Some objects, such as records, strings and arrays have a built-in length. This is stored in the remaining 26 bits of the descriptor word. The memory usage of a string is rounded up to a multiple of 4 bytes. This includes a terminal NUL character for compatibility with C. The length does not count the descriptor.

Figure 7-2 shows the layout of the objects corresponding to the SML this record value:

val x = {a = 2, b = 3:Int32.int, c = "abc", d = 3.14159}

Figure 7-2. The Layout of a Record.

The 32 bit integer is stored boxed as a byte vector, similar to a string. Real numbers are stored as 64 bit double precision floating point (and the length field is unused).

So the expression

Array.array(10, 1): Int32.int Array.array

will allocate 11 words for the array and 10*2 words for each boxed element for a total of 31 words. The size would be only 11 words if the element type was Int.int.
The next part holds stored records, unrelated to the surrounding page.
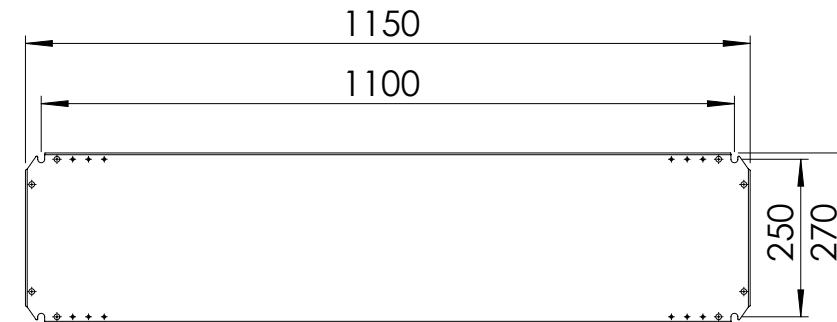

Front view

Sectional side view

SECTION A-A

Inside panel view

Sectional top view

SECTION B-B

Mounting plate

Drawn by : bvgрма	Date: 28-03-2013	Finish : RAL 7035	SCALE:1:12
Checked by : mderpu	Date : 28-03-2013		
Revision : 01			
		Wall Mounting Enclosures, Mild steel panel	Reference number : MAP0312030R5 MAP0312030PER5
		300 mm x 1200 mm x 300 mm	

Reference number : MAP0312030R5 MAP0312030PER5		A4
Page 1/1		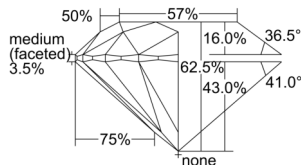

GIA®

FACSIMILE

GIA REPORT 6505779882

Verify this report at GIA.edu

GIA NATURAL DIAMOND DOSSIER®

October 29, 2024
GIA Report Number **6505779882**
Shape and Cutting Style ..... **Round Brilliant**
Measurements ..... **5.91 - 5.95 x 3.71 mm**

GRADING RESULTS

Carat Weight ..... **0.80 carat**
Color Grade ..... **F**
Clarity Grade **S11**
Cut Grade ..... **Excellent**

ADDITIONAL GRADING INFORMATION

Polish ..... **Excellent**
Symmetry ..... **Excellent**
Fluorescence ..... **None**
Clarity Characteristics..... **Crystal, Feather**
Inscription(s): **GIA 6505779882**

PROPORTIONS

Profile to actual proportions

GRADING SCALES

GIA COLOR SCALE	GIA CLARITY SCALE	GIA CUT SCALE	
D	FLAWLESS	EXCELLENT	
E	INTERNALLY FLAWLESS		
F		VVS₁	VERY GOOD
G	VVS₂		
H	VS₁	GOOD	
I	VS₂		
J	S1₁	FAIR	
K	S1₂		
L	I₁	POOR	
M	I₂		
N	I₃		
O			
P			
Q			
R			
S			
T			
U			
V			
W			
X			
Y			
Z

List cells are similar to records with two words for the head and tail and a descriptor. The empty list is represented by a zero pointer. The SML option type is similar. The NONE value is represented by a zero pointer while (SOME a) is represented by a record of length one containing the value. Datatypes are also like records with an extra discriminant field for the constructor. I don't have any more details on their representation.